Alternatively, you can train the model by running the following Python code.

Model evaluation

Model performance was measured on the FAQ dataset (with manually added paraphrases for each question). Due to the limited number of the question-answer pairs, we measure performance by using leave-one-out cross-validation (LOOCV).

All the models are based on two major text representations: fastText word embeddings and tf-idf representation.

The fastText model (fasttext_avg_autofaq.json) is a popular approach that averages fastText word embeddings and assigns the label of the closest utterance from the training set according to cosine distance. The tf-idf model (tfidf_autofaq.json) uses the tf-idf representation of the utterances; then, as the previous model, it leverages cosine distance to assign a label.
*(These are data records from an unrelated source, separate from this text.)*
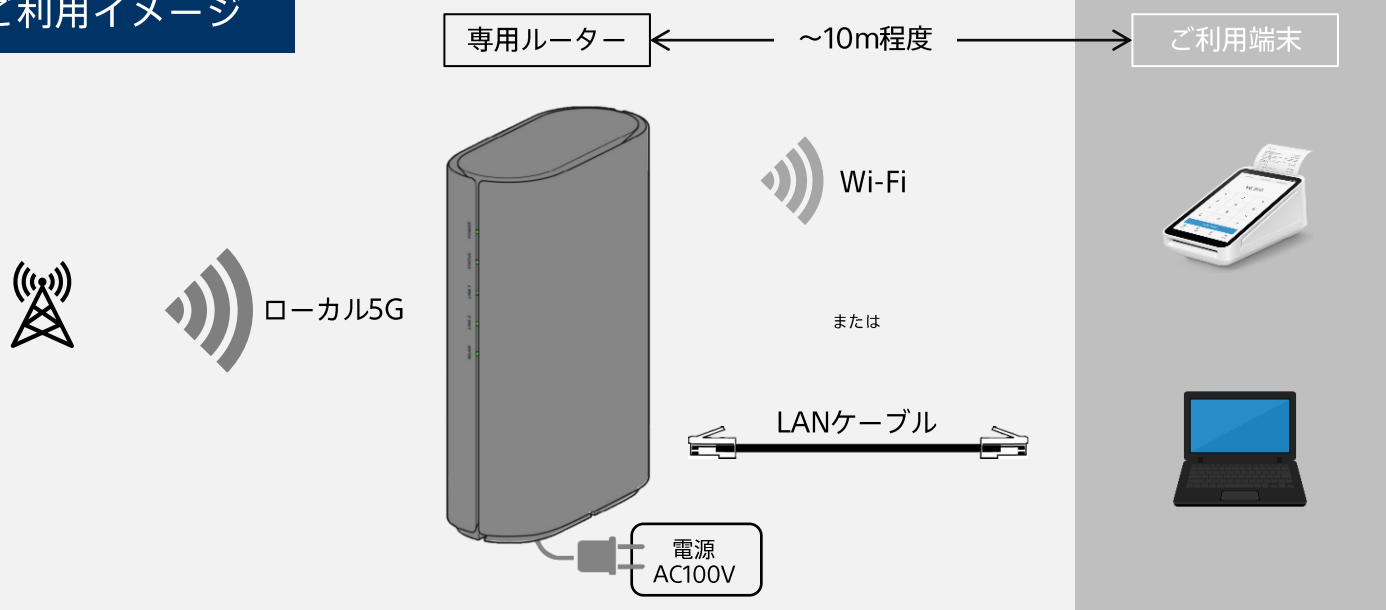

幕張メッセ・全展示ホールにて ローカル5G通信サービス「MOREVE（モアビ）」 2024年10月よりサービス申込受付開始！！

MOREVE ポイント

専用周波数帯だから、安定した高速通信が可能！

コンパクトな専用ルーターだから設置もカンタン！

無線だから回線ケーブル工事も最少限に！

短期間でお申込み可能！

ご利用イメージ

ご利用料金

1会期（最長1週間まで） ※税込価格

MOREVE専用ルーターレンタル費

44,000円 / 台

・1回線通信料・プロバイダ料込

キャッシュレス決済端末レンタル費

6,600円 / 台

・Squareターミナル

「ご利用案内」をご確認の上「申込・相談フォーム」からご連絡ください。

ローカル5G通信サービス「MOREVE（モアビ）」 ご利用案内

提供エリア

- ・幕張メッセ展示ホール1～11（幕張イベントホールは準備中）
※共用部、諸室、屋外等はエリア対象外となります。
※場内レイアウト（間仕切り壁）や、ご利用場所によっては、ご提供できない場合がございます。

ご提供対象

- ・イベント主催・運営会社
※出展社から個別のお申し込みは不可となります。主催者様を通じてお問い合わせください。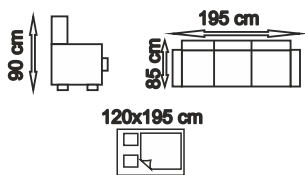

Tursi

DŮLEŽITÉ UPOZORNĚNÍ ! Pokud budete objednávat za zvýhodněnou cenu jako FOTO.
Barevné provedení dvou opěrných polštářů, se může lišit s fotografií.
Velký výběr potahových látek z našich vzorkovníků **ZA VYŠŠÍ CENU 7 990,-**

5 390,-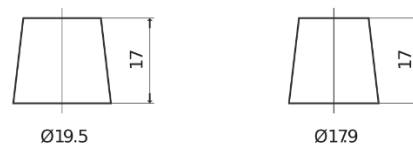

Sortimentsoversikt

Batterier til Biler og lette kjøretøy

AGM EK820

Art.nr.	EK820
Technology	AGM
EAN/GTIN	3661024037914
Spenning	12 V
Kapasitet	82 Ah
CCA	800 A
Lengde	315 mm
Bredde	175 mm
Høyde	190 mm
Kasse	L04
Polstilling	ETN 0
Poltype	EN taper post
Festeknast	B13
Vekt (kan variere)	23.30 kg

Polstilling

Poltype

Festeknast

Design, egenskaper og tekniske spesifikasjoner kan endres uten forvarsel. Vi fraskriver oss enhver representasjon eller garanti, uttrykt eller underforstått, angående dataene eller anbefalingene, og skal under ingen omstendigheter holdes ansvarlig for tap eller skade som hevdes å ha oppstått som et resultat. Noen produkter kan være utilgjengelig i ditt lokale marked.

A hybrid fastText tf-idf weighting model (fasttext_tfidf_autofaq.json) weights the fastText word embeddings by tf-idf values and also uses the cosine similarity approach. Finally, the tf-idf logistic regression model (tfidf_logreg_autofaq.json) trains a logistic regression on the tf-idf representation of the input.

The results in the sorted order are presented in Table 1.

The fastText mean based model outperforms all tf-idf based models by a large margin, this result can be caused by rich lexical variability of the dataset. The tf-idf logistic regression that learns to assign weights to the words outperforms the rest tf-idf based models.

Conclusion

In this article, I described the text classification models of the DeepPavlov framework. The relevant code can be found in the Colab notebook. These models were specifically developed to be effective for a small training dataset. However, if a large enough dataset is available, more sophisticated deep learning models can be applied.

I would like to thank Mikhail Burtsev, Luiza Sayfullina, Olga Kairova, and the entire team of the iPavlov for the insightful comments.